Hoe de PACE-onderzoekers de mogelijkheid tot een interpreteerbaar follow-uponderzoek vernietigden

Noch het artikel in The Lancet Psychiatry, noch om het even welke van de recente uitspraken door de PACE-onderzoekers erkende dat deze onderzoekers elke mogelijkheid tot zinvolle analyse van follow-upgegevens teniet hebben gedaan.

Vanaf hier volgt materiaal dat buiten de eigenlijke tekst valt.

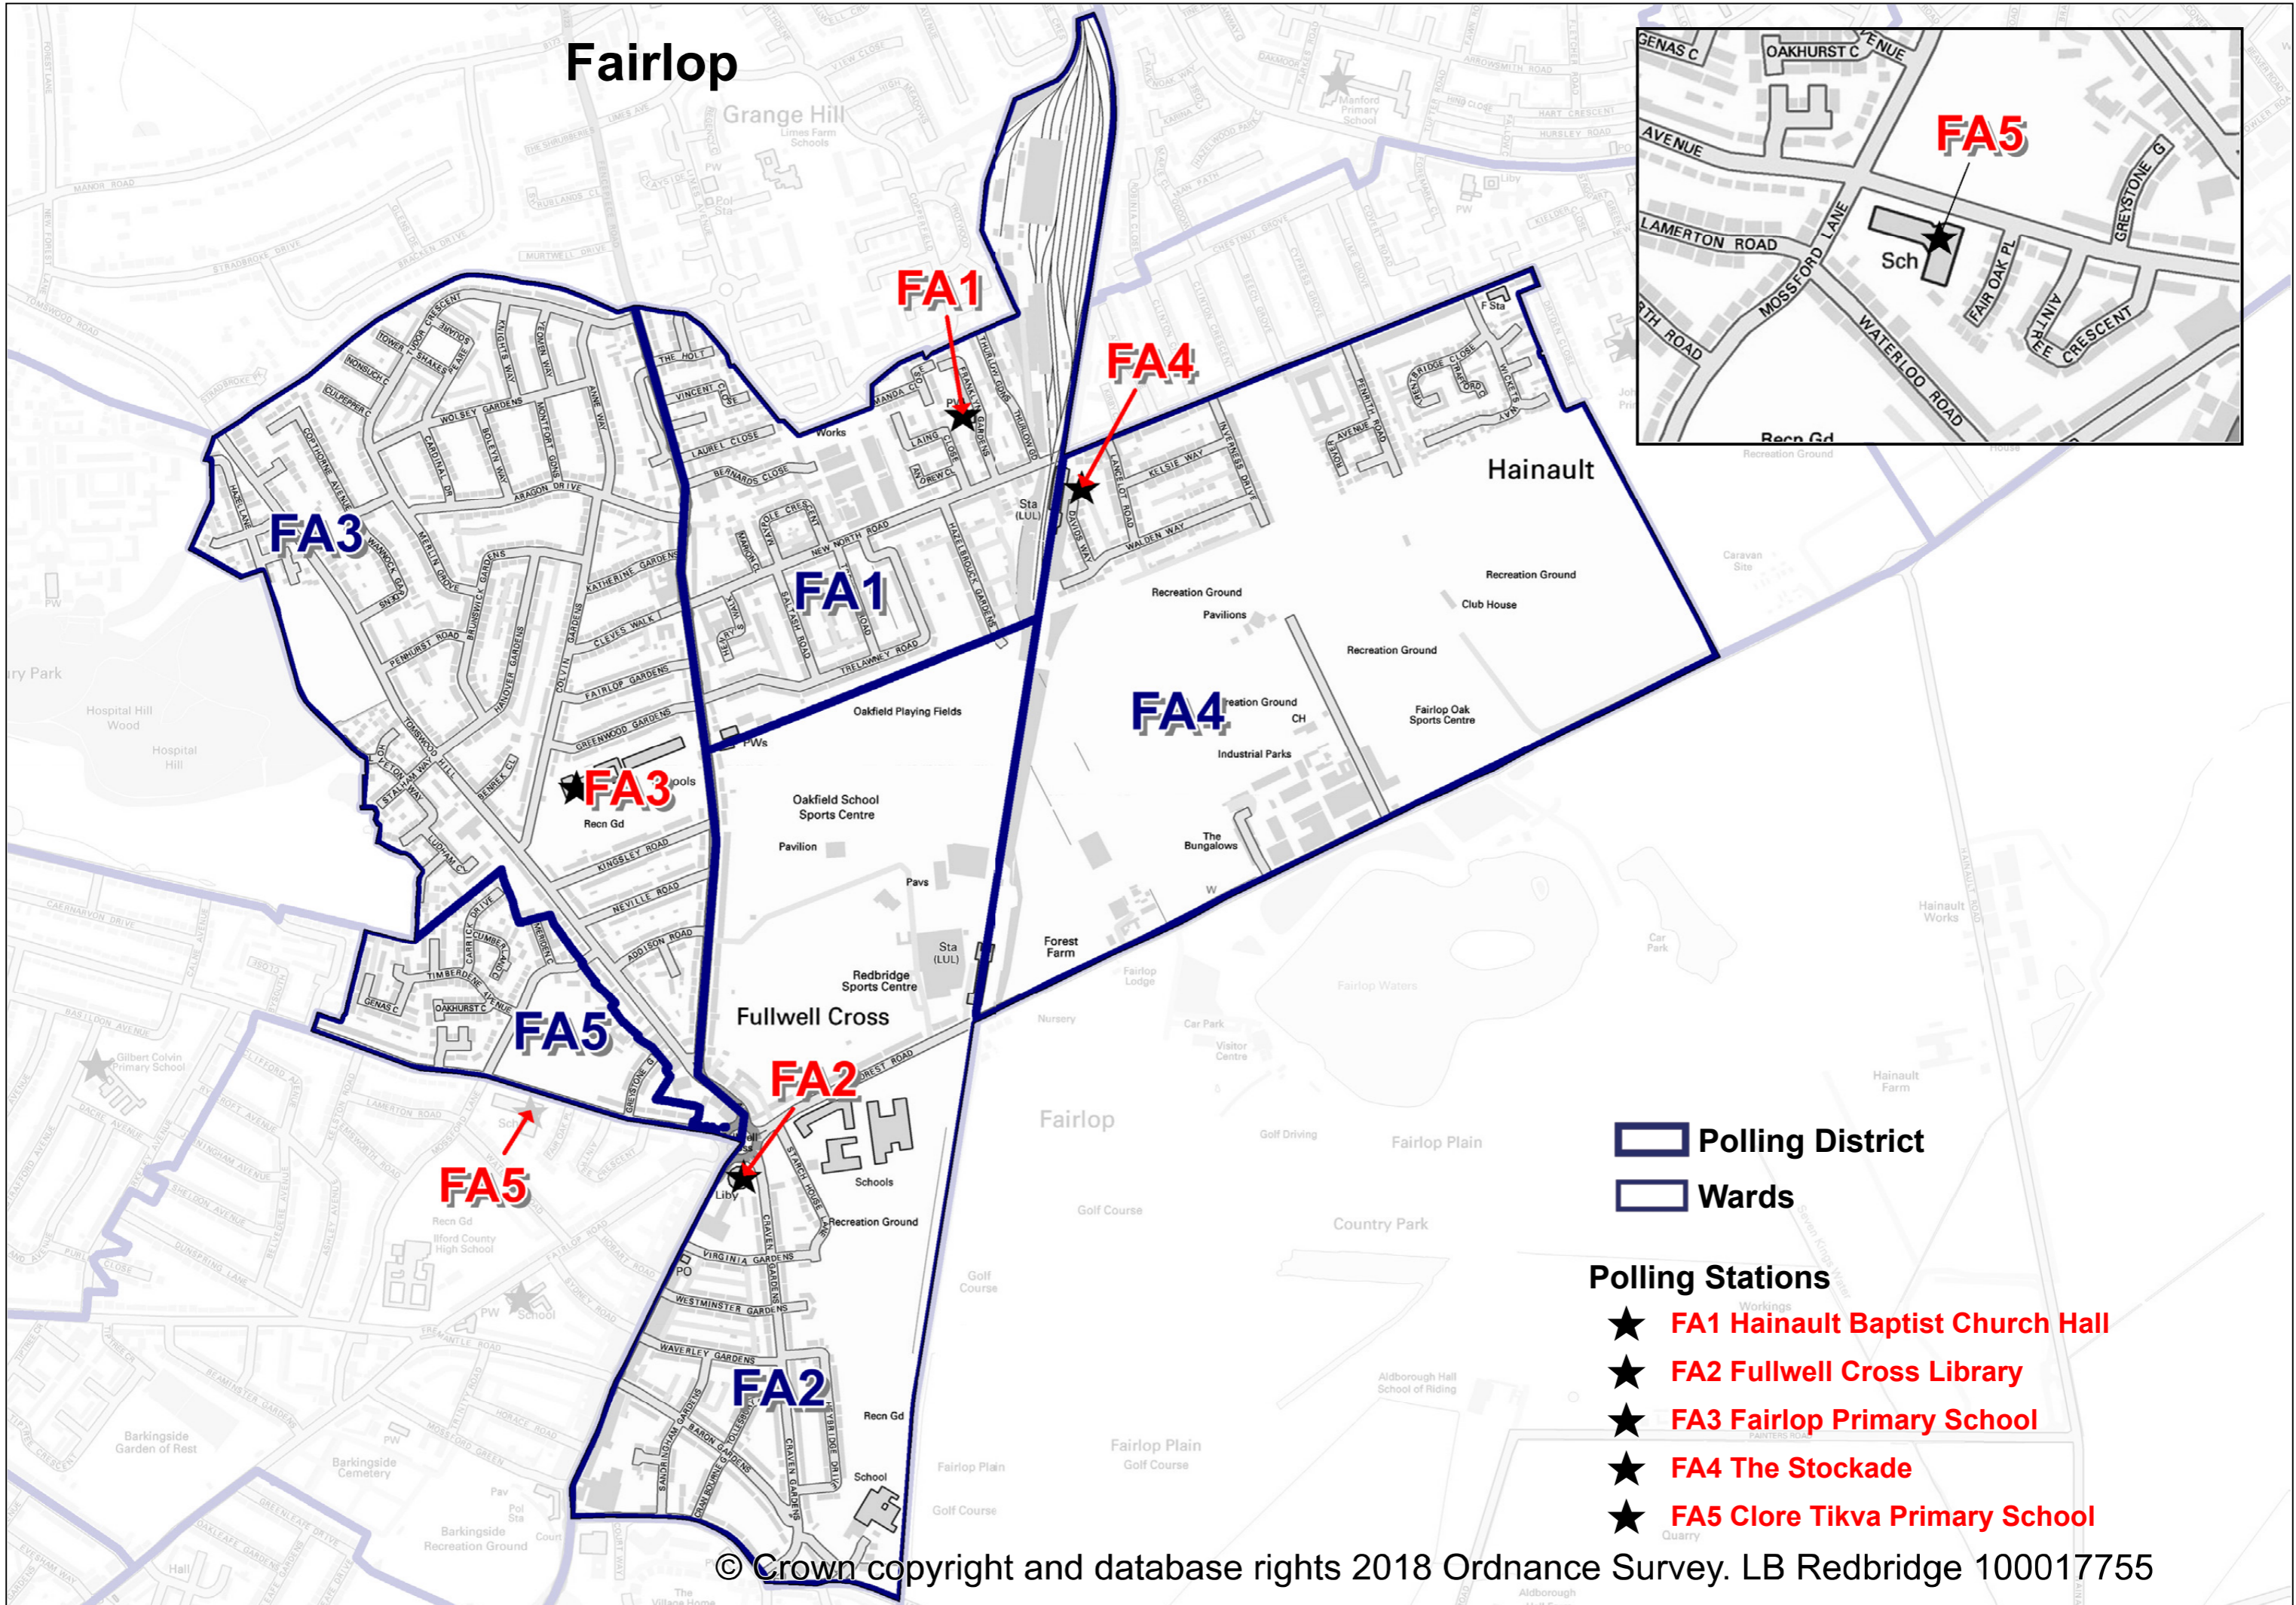

Fairlop

- Polling District
- Wards

Polling Stations

- FA1 Hainault Baptist Church Hall**
- FA2 Fullwell Cross Library**
- FA3 Fairlop Primary School**
- FA4 The Stockade**
- FA5 Clore Tikva Primary School**

Voordat de behandelingsfase van het onderzoek zelfs maar was voltooid, en zelfs voor het totale aantal patiënten dat zou worden onderzocht was gerekruteerd, publiceerden de onderzoekers in december 2008 een nieuwsbrief, gericht aan deelnemers aan het onderzoek. Een artikel dat deelnemers passend herinnert aan de aanstaande follow-up van tweeënhalf jaar. Maar dan geeft het toe moeite te hebben met het werven van patiënten, maar voegt eraan toe dat aanvullende financiering is ontvangen van de MRC (Medical Research Council) om de werving uit te breiden. En dan verschijnen op blz. 3 van de nieuwsbrief enthousiaste getuigenissen over de effecten van hun behandeling.

“Deelname aan dit onderzoek heeft mij geweldig geholpen. (De behandeling) is nu een manier van leven voor mij, ik kan mij niet voorstellen hoe ik zonder zou kunnen functioneren. Ik heb niet anders dan lof en dank voor iedereen die betrokken is bij dit onderzoek.”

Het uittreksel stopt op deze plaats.